If you like board games, you've probably run into one designed by Reiner Knizia. Knizia is probably the most prolific designer of games working today, one of the few who designs games full-time, and has a number of extremely successful titles to his credit. Among the hundreds of games he has designed are my favorite two-player card game, Lost Cities, which I reviewed in July); its board game analog Keltis (which won the Spiel des Jahres award as game of the year in 2008); the 2001 game adaptation of Lord of the Rings; and hardcore gamer favorite Tigris and Euphrates. That last is one of four Knizia games to win the Deutscher Spiele Preis, another game-of-the-year award generally given to a more complex game than the one honored by the Spiel des Jahres, and those four wins give Knizia almost one of every five Deutscher Spiele Preise given in the award's twenty-one year history. I spoke to Dr. Knizia in early December to ask about his process and philosophy of board game design.
Knizia has been designing games for a living since 1997, when he quit his job as operations director for a 300-person mortgage company in England, although he says he's been designing games since he was a child. My thought was that the hardest part in designing that many games – Wikipedia has Knizia's published total over 500 – would be conception, but Knizia says that's not the case. “I think it's not very difficult to have good ideas. We have plenty of ideas floating around; the real challenge is really to develop these ideas into excellent games – and that is a very long process. Of course you have to start out with the right idea, and you have to have a good selection process to decide which one can we bring into a perfect product.”
Knizia himself is a very process-oriented designer, moving quickly to prototype from initial concept and play-testing frequently with multiple groups of testers. “The lifeblood of design is testing, then refining,” according to Knizia. “The changes are quite radical early; then it becomes more fine tuning. That's the normal cycle of developing a design.” The testers offer pointed criticisms of game designs and mechanics, forcing new changes and sometimes even termination of a game concept that just doesn't work, something Knizia confesses to doing on a regular basis. “One challenge is falling in love with one's game. One needs to see the reality of it – this is nice, but there are some problems we can't overcome, so we need to kill the game.”
Game design involves both the creative side, coming up with the theme and concept, and the mechanical side, determining exactly how the game will be played, including the balance of chance and skill. Knizia himself says he sits somewhere in the middle, but also views himself as a “moderator” of the group at his small game-design outfit, nurturing ideas and directing conversations to constructive ends.
Donald X. Vaccarino, designer of the highly popular card game Dominion, told me that most board game enthusiasts are “math people” at heart, but Knizia wasn't sure he'd agree with that. “When I look at audience, games are played by all representations of different people, and with respect to game design I'm not so sure either.
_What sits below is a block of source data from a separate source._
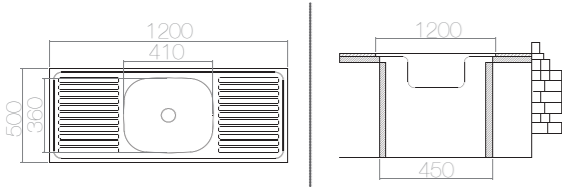

*Welded - Bowl

SUITABLE ACCESSORIES

AS 35 / E LO040 1100x500 mm

SIZE	THICKNESS	BOWL DEPTH	FINISHING	CUT OUT	CABINET SIZE	PRICE USD
1100x500 mm	0,50	140 mm	SATIN	1100x500 mm	450 mm	41,55
1100x500 mm	0,60	150 mm	SATIN	1100x500 mm	450 mm	50,93
1100x500 mm	0,60	150 mm	LINEN	1100x500 mm	450 mm	58,18

SUITABLE ACCESSORIES

AS 44 / E LO062 1000x600 mm

SIZE	THICKNESS	BOWL DEPTH	FINISHING	CUT OUT	CABINET SIZE	PRICE USD
1000x600 mm	0,50	135/135 mm	SATIN	1000x600 mm	800 mm	48,65
1000x600 mm	0,60	145/145 mm	SATIN	1000x600 mm	800 mm	56,46
1000x600 mm	0,60	145/145 mm	LINEN	1000x600 mm	800 mm	63,79

SUITABLE ACCESSORIES

AS 33 / E LO041 1200x500 mm

SIZE	THICKNESS	BOWL DEPTH	FINISHING	CUT OUT	CABINET SIZE	PRICE USD
1200x500 mm	0,50	140 mm	SATIN	1200x500 mm	450 mm	44,00
1200x500 mm	0,60	150 mm	SATIN	1200x500 mm	450 mm	54,22
1200x500 mm	0,60	150 mm	LINEN	1200x500 mm	450 mm	62,00

SUITABLE ACCESSORIES

AS 36 / E LO043 1200x500 mm

SIZE	THICKNESS	BOWL DEPTH	FINISHING	CUT OUT	CABINET SIZE	PRICE USD
1200x500 mm	0,40	130 mm	SATIN	1200x500 mm	450 mm	36,90
1200x500 mm	0,50	140 mm	SATIN	1200x500 mm	450 mm	44,65
1200x500 mm	0,60	150 mm	SATIN	1200x500 mm	450 mm	56,70
1200x500 mm	0,60	150 mm	LINEN	1200x500 mm	450 mm	65,37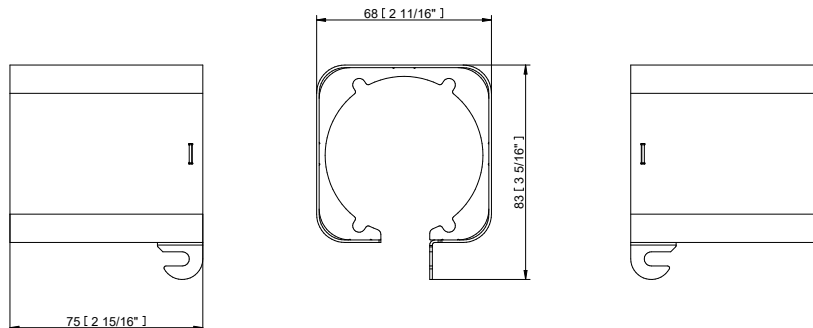

Projected Lumen Maintenance

The projected lumen maintenance is 90,000 hours (L90B10).

Power Consumption

5.5W energy consumption provides excellent efficiency at low operating costs.

Physical

The durable cast aluminum body with a lens covered by tempered glass provides a stylish, compact lighting solution with IP65 certification. The fixture's physical dimensions are 64 x 145 x 90 mm (2.52 x 5.71 x 3.54 in) and it weighs 0.62 kg (1.37 lbs).

BI-SYMMETRICAL BEAM ANGLE

Bi-symmetrical: 7°x30°, 7°x60°, 35°x70°, 10°x90°

Bi-symmetrical: 30°x7°, 60°x7°, 70°x35°, 90°x10°

PHOTOMETRIC DATA

ArcSource Outdoor 4MC Pixel RGB-CW 7dg

ArcSource Outdoor 4MC Pixel RGB-CW 13dg

ArcSource Outdoor 4MC Pixel
RGBCW 60dg x 7dg

ArcSource Outdoor 4MC Pixel
RGBCW 90dg x 10dg

ArcSource Outdoor 4MC Pixel
RGBCW 70dg x 35dg

ACCESSORIES FOR ARCSOURCE OUTDOOR 4MC PIXEL

Top Hat

Half Top Hat

Floor Stand

What I enjoy is that people are brought together by the love for games from many different designers, like a big group of different colorful birds … This is good. It gives us a big variety of games.” As for whether you need math skills to design a game, he cautioned, “It would be dangerous to say you have to be a mathematician. It's a good background” - Knizia himself has a Ph.D. in mathematics - “but we all have strengths and weaknesses. If you say math is the only way I can do this, I think you will fail. You need to take yourself back and say, 'Do the math models help me?' I'm pushing games I think are fun.”
Knizia is German by birth and while he lives and works in England now, Germany remains the major market for the style of game Knizia designs, although the U.S. market is developing. He says there remains a significant difference in how consumers and publishers in the two markets view games. “In America, the game is much more defined by its theme, whereas in Germany the game is defined through its mechanics. Many years ago, I was in America and I showed a new game design and it was an Egyptian game.” (Knizia didn't specify the game, although his Egyptian-themed game Ra has been very successful.) “I was told, 'No, we already have an Egyptian game,' and they wouldn't play it at all. Just a few weeks later I was in Germany, showed the game to a publisher who said, 'We have a similar game – but let us see your game first.' It's completely fine to use the same mechanics in America where you just put another theme on it. In Germany the critics will kill you for that because it's just the same game.”
“People say, 'Oh there's a board game of this' - even though it was the other way around!” That kind of exposure in a market where reaching consumers through traditional channels has been difficult is invaluable, and Knizia's titles, which tend to involve simple rules that play out in complex ways, have translated very well to the small screen.
So why board games, other than the fact that designing them beats a typical office job? “Games are one of the great leisure activities,” says Knizia. “It doesn't matter how old you are or what background – we are here in this game together.”